See A metagenomic strategy for harnessing the chemical repertoire of the human microbiome for detailed description and for information on citing MetaBGC.

Getting Started

These instructions will get you setup to run MetaBGC on your local Linux or Apple environment.

Bioconda Distribution

Coming soon...

Manual Installation

Prerequisites

To run MetaBGC, please make sure you have the following dependencies installed and in PATH.

Installing the Package

Obtain the package from PyPI:

pip install metabgc

All the internal python dependencies are specified in the setup will be installed. Help on the commandline parameters is provided.

metabgc --help

To install the latest development build from GitHub:

git clone https://github.com/donia-lab/MetaBGC.git
cd MetaBGC/MetaBGC-Development
pip install .
metabgc --help

Quick Start

To run a toy search example, please download the already constructed spHMMs and some search samples from here . To build your own spHMM database you will need to construct simulated read libraries as described in the publication here.

OP_PATH=<set a path>
cd ${OP_PATH}
tar -zxvf OxyN_Build.tar.gz
metabgc search --sphmm_directory ${OP_PATH}/build/HiPer_spHMMs --prot_family_name Cyclase_OxyN --cohort_name OxyN --nucl_seq_directory ${OP_PATH}/build/nucl_seq_dir --seq_fmt FASTA --pair_fmt interleaved --output_directory ${OP_PATH}/output --cpu 20

Program Structure

MetaBGC consists of four main modules:

Build - metabgc build --help - This module builds, evaluates, and selects high-performance segmented profile Hidden Markov Models (spHMMs) for a new protein family that is commonly found in the BGC of interest. Pre-built high-performance spHMMs exist for cyclases/aromatases commonly found in TII-PKS BGCs (OxyN, TcmN, TcmJ, and TcmI types), LanC_like proteins (found in lantibiotic BGCs), and IucA/IucC proteins (found in siderophore BGCs). If any of these protein families is to be used, this step can be skipped.
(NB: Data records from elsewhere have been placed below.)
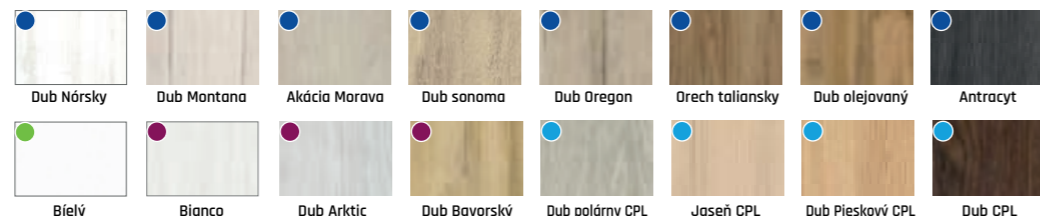

VOSTER ROCCO

		319 €	355 €
		296 €	329 €

SETY: DVERE so zárubňou

cena samostatných dverí 185 €
cena samostatných dverí 197 €

VOSTER ZITRON

		319 €	355 €
		296 €	329 €

komplet so zárubňou od 80mm-180mm
 komplet so zárubňou od 180mm-300mm
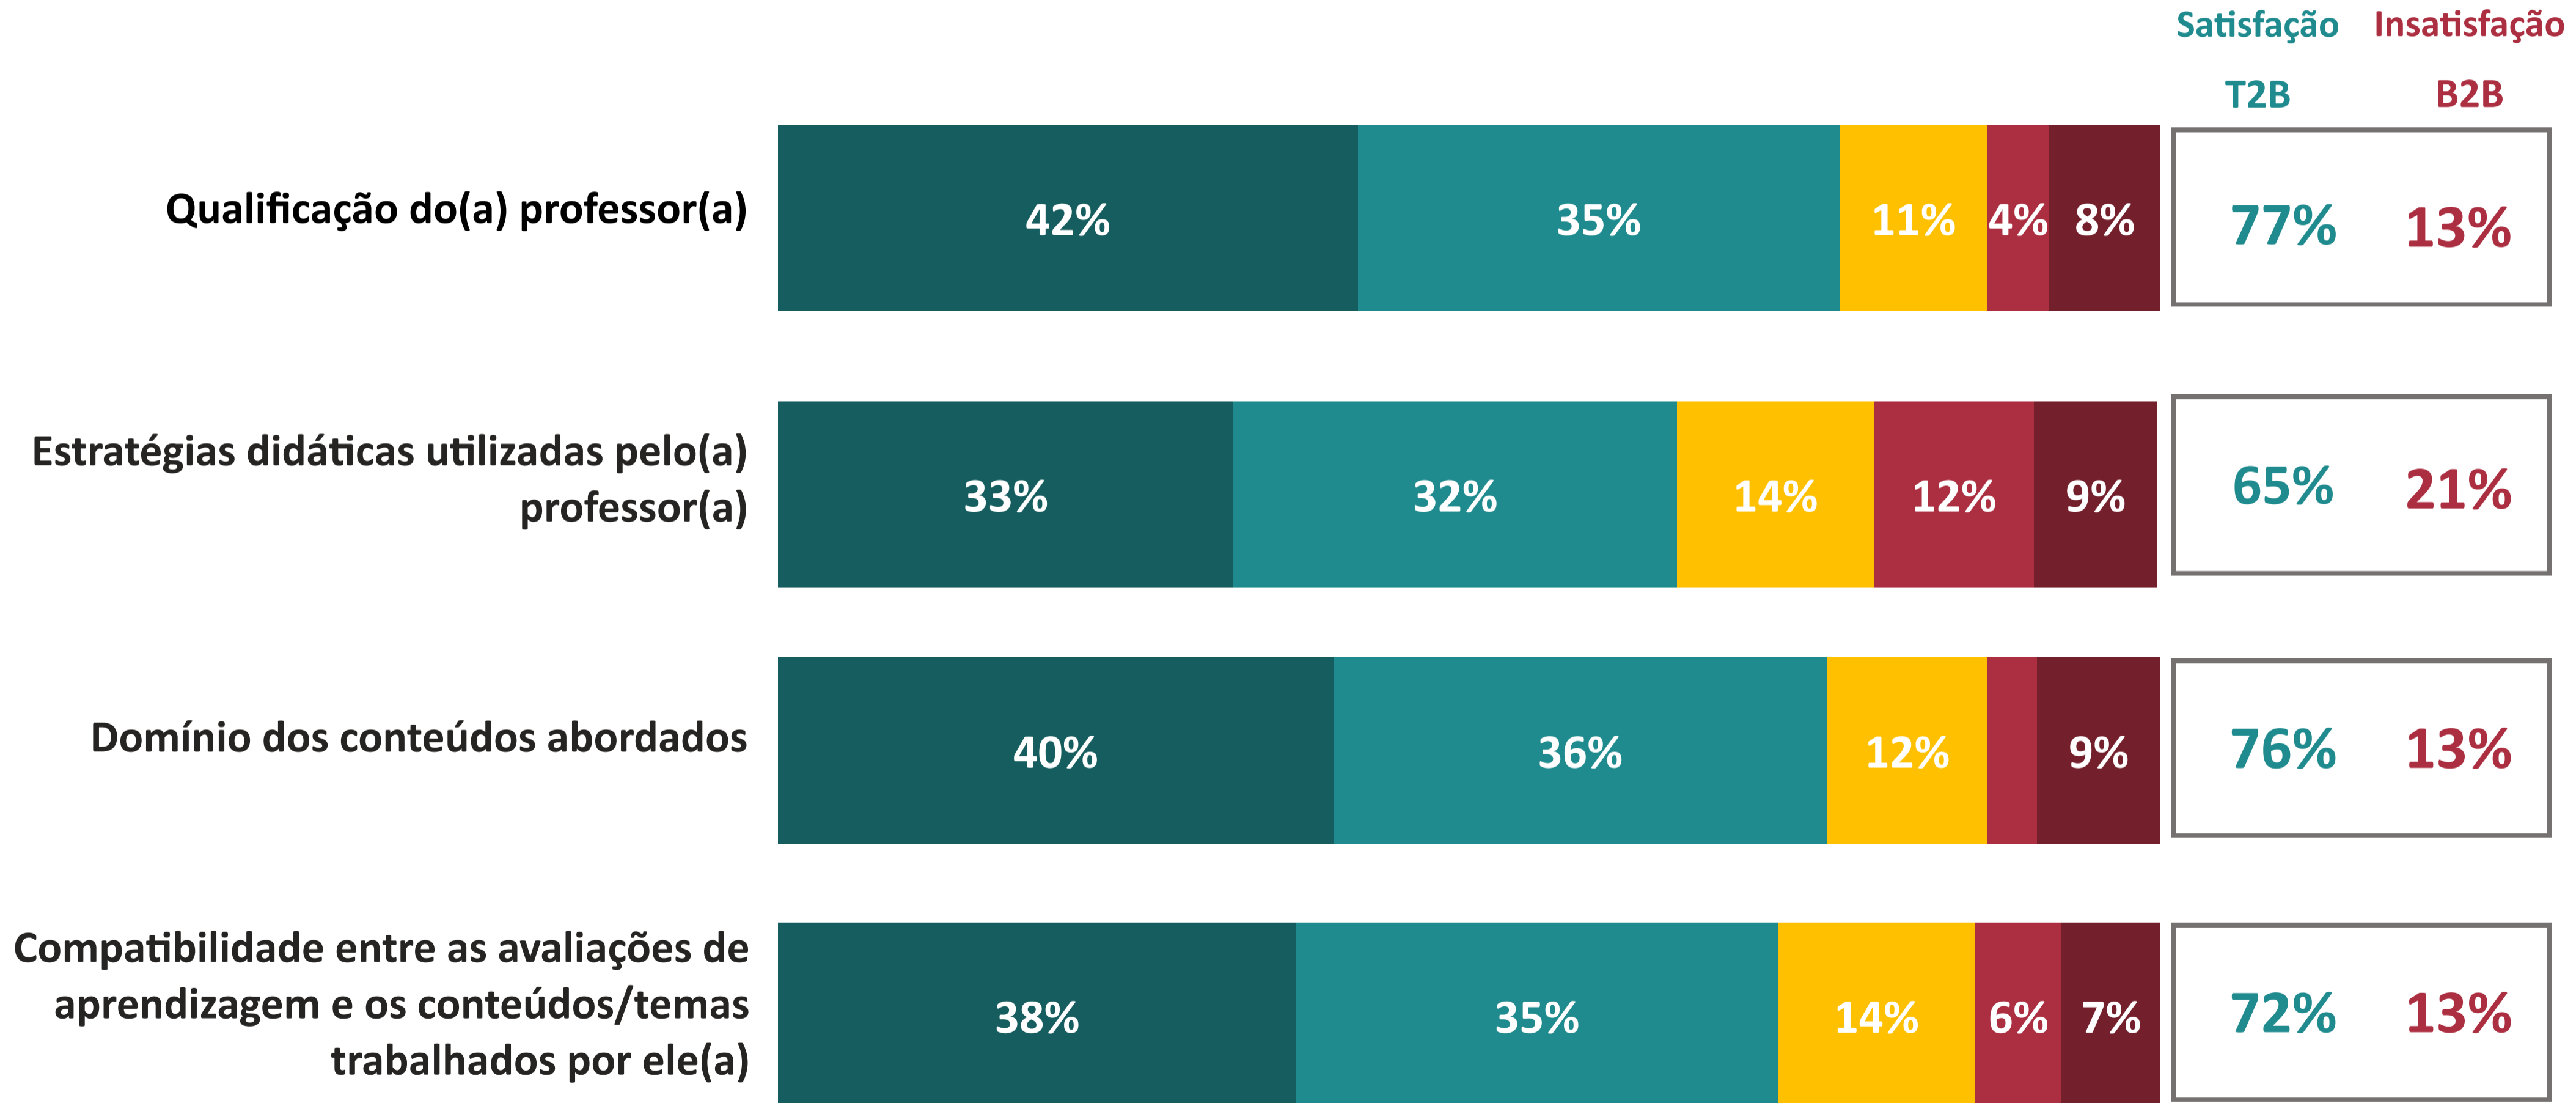

AVALIAÇÃO INSTITUCIONAL GERAL DOS DOCENTES | UNA

Centro de Ensino Superior de Sete Lagoas

Ano da Pesquisa

2024.1

3.88

Índice de Satisfação Docente

(média das notas)

Número de avaliações: 112

5. Muito Satisfeito
4. Satisfeito

1. Muito Insatisfeito
2. Insatisfeito
3. Nem satisfeito nem insatisfeito

T2B = % Muito Satisfeito + % Satisfeito

B2B = % Muito Insatisfeito + % Insatisfeito
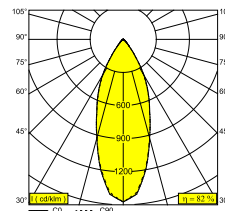

[Bekijk op website](#)

Algemene info

LOCATIE	buiten
INSTALLATIE	Vloer Opbouw
STOF EN WATERDICHTHEID	IP65
IK	IK03
GEWICHT (KG)	1.2
RICHTBAARHEID	180° zwenkbaar, 360° roteerbaar
INFO	REFLECTOR FL-30° INCL.1 x CABLE H05 RN-F 2 x 1mm² 2m EXCL.LED POWER SUPPLY 24V-DC (non-dimmable or dimmable with PWM output)

Elektrische info

INGANGSSPANNING	24V-DC
KLASSE	III
DIM TYPE	niet dimbaar
ENERGIE KLASSE	D
CERTIFICATEN	CB, ENEC

Info lichtbron

LIGHTSOURCE NAME	LED
LICHTBRON	LED array 5,8W / CRI>90 (R9: 60) / 2700K / 753lm
TM-30-15 WAARDEN	rf: 89 / Rg: 100
SDCM	SDCM1
RISK-GROEP	RG1
LM80	L90B10 > 50000
BEAMANGLE	30°
LED TECHNIEK (LICHTBRON)	753lm // 5,8W // 129lm/W
LED TECHNIEK (TOESTEL)	616lm // 6,7W // 92lm/W

Benodigheden

LED POWER SUPPLY 24V-DC

Opties

CBOX
IP68 CONNECTION KIT
IP68 CONNECTOR 3P

Accessoires

KAP KIX
HONEYCOMB KIX
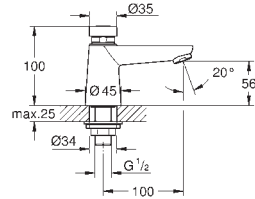

GROHE EUROECO COSMOPOLITAN T

Référence No.

Finition

Prix € sans
TVA

36 265 000

chromé

120,50

Euroeco Cosmopolitan T
Robinetterie temporisée

pour eau froide ou prémitigée
Marquage: bleu/rouge

GROHE StarLight : chrome éclatant et durable
durée d'écoulement: 7 - 15 - 30 séc.
réglage d'usine: 7 séc.

Identify - metabgc identify --help - This module runs on translated metagenomic reads from a cohort of samples using a selected set of high-performance spHMMs and their pre-set score cutoffs, as determined in MetaBGC-Build. The results are parsed into a list of identified biosynthetic reads in fasta format.

Quantify - metabgc quantify --help - This module de-replicates all biosynthetic reads discovered by MetaBGC-Identify from all metagenomic samples in the cohort into a unified set of unique biosynthetic reads. An abundance profile martrix is then generated for all unique biosynthetic reads by quantifying them in all samples of the metagenomic cohort.

Cluster - metabgc cluster --help - This module uses Density-Based Spatial Clustering of Applications with Noise (DBSCAN) to cluster unique biosynthetic reads with similar abundance profiles across different metagenomic samples into distinct bins, based on the abundance profile martrix obtained in MetaBGC-Quantify.

Search - metabgc search --help -NEW option to run Identify, Quantify, and Cluster together as a single command.

Running Build to construct the spHMMs

  1. To build and evaluate spHMMs for the protein family of interest, the metabgc build command has to be executed with required input files. To select high performance spHMMs, a synthetic metagenomic dataset must be generated with reads from true positive genes spiked in to test the performance of each spHMM.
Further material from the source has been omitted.